Fig 1.
The flowchart of the analysis.
Using DNA motifs, including known TF motifs (TF motifs), histone associated motifs (Histone motifs) and DNA methylation associated motifs (Methyl motifs) to represent epigenetic states, we built a contextual regression (CR) model to predict regional mutation rates. As the majority of the mutations are related to the local epigenetic state and independent from the disease state (grey dots), this CR model can quantify the relationship between DNA motifs and somatic mutation rates. Importantly, the CR model revealed the motifs most predictive of somatic mutations (right branch) and the predicted mutation values allowed classification of cancer types using the cancer-related regions with significantly higher mutation rates than predicted (left branch). In the scatter plot, each point represents a training/testing instance, which is the predicted/measured mutation rate of a genomic region. The mutation rate is the log2(MutationRate+1), which is consistent with Fig 2C. The rows of the heatmap are important motifs and the columns are different types of cancers.
Fig 2.
The contextual regression model successfully predicted somatic mutation rates in 13 tumors.
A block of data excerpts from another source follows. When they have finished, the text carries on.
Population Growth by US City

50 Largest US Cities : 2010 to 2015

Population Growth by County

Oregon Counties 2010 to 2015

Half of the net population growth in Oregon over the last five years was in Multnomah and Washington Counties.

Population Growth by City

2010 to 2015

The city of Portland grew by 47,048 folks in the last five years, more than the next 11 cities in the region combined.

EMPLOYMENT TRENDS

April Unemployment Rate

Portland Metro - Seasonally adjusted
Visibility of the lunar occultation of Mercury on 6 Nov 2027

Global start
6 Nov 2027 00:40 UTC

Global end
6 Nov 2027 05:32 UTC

(a) The structure of the contextual regression model; (b) For each tumor type, 10-fold cross validation was performed and the Pearson correlation coefficient was calculated between the predicted and measured values. "Training accuracy" and "Testing accuracy" represent the average of Pearson correlation coefficients in the training, testing datasets respectively. "Included for re-training" indicates which data set was included for re-training the CR model after removing the cancer-related regions (i.e. the regions with mutation rates significantly deviating from the predicted values). "Testing accuracy of the re-trained model" represents the correlation using the re-trained CR model obtained from the interactive procedure (see Online Methods). Because the regions from a tumor type in the test set may overlap with the regions included in the merged dataset for training, the overlapped regions were removed and Pearson correlation coefficients are shown as "Testing accuracy after removing overlapping regions"; (c) The scatter plot for one fold from the 10-fold cross validations in which chr1 and chr11 were left out as the testing set; (d) The scatter plot for prediction in Lymph-CLL testing set using the re-trained CR model.
Fig 3.
Analysis of the cancer-independent regions.
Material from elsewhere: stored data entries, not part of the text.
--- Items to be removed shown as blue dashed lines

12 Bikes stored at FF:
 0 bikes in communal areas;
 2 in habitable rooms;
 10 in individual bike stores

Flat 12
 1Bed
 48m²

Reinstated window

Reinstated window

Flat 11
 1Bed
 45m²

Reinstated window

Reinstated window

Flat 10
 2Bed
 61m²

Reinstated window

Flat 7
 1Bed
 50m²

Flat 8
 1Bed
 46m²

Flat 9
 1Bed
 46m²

(a) The percentage of cancer-independent regions in the 13 cancer types. Percentage is calculated as the number of cancer-independent/related or ambiguous regions divided by the total number of regions in a cancer; (b) Cancer-independent regions clustered using the contextual weights of the motifs. For each of the 13 cancer types, the identified cancer-independent regions were clustered into 10 clusters using the Manhattan distance between the feature contextual weight vectors as the similarity metric. Each row is a motif with non-zero contextual weight, each column a cluster, and each entry is the average of a motif’s contextual weights in all the regions in a cluster. The clusters were further clustered into 10 groups; (c) The normalized mutation rate of each group, which is the z-score of mutation density (see methods for more details), varies significantly from the lowest in group A to the highest in group G; (d) The numbers of regions in the 10 groups; (e) The fold change of ChromHMM states in group A and each tumor. The fold change for each ChromHMM state is defined as the percentage of the state in group A divided by the percentage of the state in all the regions in a specific cancer.
Fig 4.
Identification of important motifs in cancer-independent regions.
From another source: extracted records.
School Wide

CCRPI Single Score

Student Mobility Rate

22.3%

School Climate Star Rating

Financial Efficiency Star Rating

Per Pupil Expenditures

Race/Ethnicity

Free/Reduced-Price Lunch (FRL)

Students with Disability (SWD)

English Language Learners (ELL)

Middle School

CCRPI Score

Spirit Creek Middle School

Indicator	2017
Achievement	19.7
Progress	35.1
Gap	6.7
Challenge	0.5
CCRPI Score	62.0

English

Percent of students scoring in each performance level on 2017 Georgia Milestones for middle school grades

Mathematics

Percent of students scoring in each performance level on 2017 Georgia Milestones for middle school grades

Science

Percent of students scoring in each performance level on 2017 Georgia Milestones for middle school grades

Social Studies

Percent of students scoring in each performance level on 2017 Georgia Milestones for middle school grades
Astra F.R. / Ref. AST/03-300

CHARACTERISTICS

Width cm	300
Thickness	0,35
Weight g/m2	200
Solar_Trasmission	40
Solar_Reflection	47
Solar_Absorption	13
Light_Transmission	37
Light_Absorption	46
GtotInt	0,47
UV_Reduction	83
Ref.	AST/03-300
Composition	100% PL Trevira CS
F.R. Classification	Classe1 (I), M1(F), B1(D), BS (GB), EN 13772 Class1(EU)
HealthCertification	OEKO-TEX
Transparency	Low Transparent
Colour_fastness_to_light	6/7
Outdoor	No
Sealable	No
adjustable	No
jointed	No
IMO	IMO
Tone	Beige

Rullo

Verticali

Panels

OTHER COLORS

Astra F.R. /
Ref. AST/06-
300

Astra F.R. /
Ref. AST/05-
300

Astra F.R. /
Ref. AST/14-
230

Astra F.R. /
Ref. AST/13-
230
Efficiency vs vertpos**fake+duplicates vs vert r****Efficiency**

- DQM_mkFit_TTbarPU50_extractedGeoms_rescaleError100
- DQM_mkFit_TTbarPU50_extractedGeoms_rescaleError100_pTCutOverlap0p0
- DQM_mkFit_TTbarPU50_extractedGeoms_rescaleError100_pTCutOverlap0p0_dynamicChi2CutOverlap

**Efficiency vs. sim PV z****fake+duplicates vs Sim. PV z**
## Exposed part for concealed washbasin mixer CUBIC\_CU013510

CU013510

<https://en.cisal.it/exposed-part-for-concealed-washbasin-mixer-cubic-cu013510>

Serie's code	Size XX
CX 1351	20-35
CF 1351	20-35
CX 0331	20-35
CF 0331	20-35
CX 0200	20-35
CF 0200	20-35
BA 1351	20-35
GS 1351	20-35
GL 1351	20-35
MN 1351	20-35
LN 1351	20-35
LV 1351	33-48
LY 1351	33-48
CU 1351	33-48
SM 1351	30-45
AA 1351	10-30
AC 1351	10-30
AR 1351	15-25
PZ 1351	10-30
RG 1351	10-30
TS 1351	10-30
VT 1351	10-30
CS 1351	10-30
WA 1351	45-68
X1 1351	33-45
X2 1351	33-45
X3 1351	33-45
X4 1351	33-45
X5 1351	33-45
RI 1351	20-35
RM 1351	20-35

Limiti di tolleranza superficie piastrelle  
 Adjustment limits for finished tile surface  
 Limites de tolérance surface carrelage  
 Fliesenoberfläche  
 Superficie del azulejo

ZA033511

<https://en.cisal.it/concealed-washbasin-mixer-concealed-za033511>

(a) The important features in the 10 groups. Blue and orange represent the negative and positive contextual weight, respectively; (b) The number of important motifs in each group; (c) The percentages of motif categories in each group; (d) The average mutation rates around the motifs with positive contextual weights are higher than those around the motifs with negative contextual weights in the group A regions; (e) Mutation rates around the motif sites (1kbp at each side of the motif) in the group A regions. The red and blue lines represent the motifs with positive and negative contextual weights, respectively. The motif site is at the center.
Fig 5.
Analysis of the cancer-related regions.
(a) The identified cancer-related regions in Breast-AdenoCA (red dots); (b)The enriched pathways for the cancer-related regions in Breast-AdenoCA; (c) The fold change and p-value for the motif disruption rates in the 13 tumors. The red line represents the p-value of 0.05; (d) The fold change of chromHMM state (same as that in Fig 3E) for the cancer-related regions in each tumor; (e) The percentages of motif types that were significantly disrupted in cancer-related regions; (f) The classification model performance. The confusion matrix for the classification model using the 150 selected cancer-related regions on the testing dataset. Rows and columns correspond to the true and predicted tumor types, respectively. Values are the number of donors classified correctly. For example, for the Prost−AdenoCA, 31 donors were correctly classified.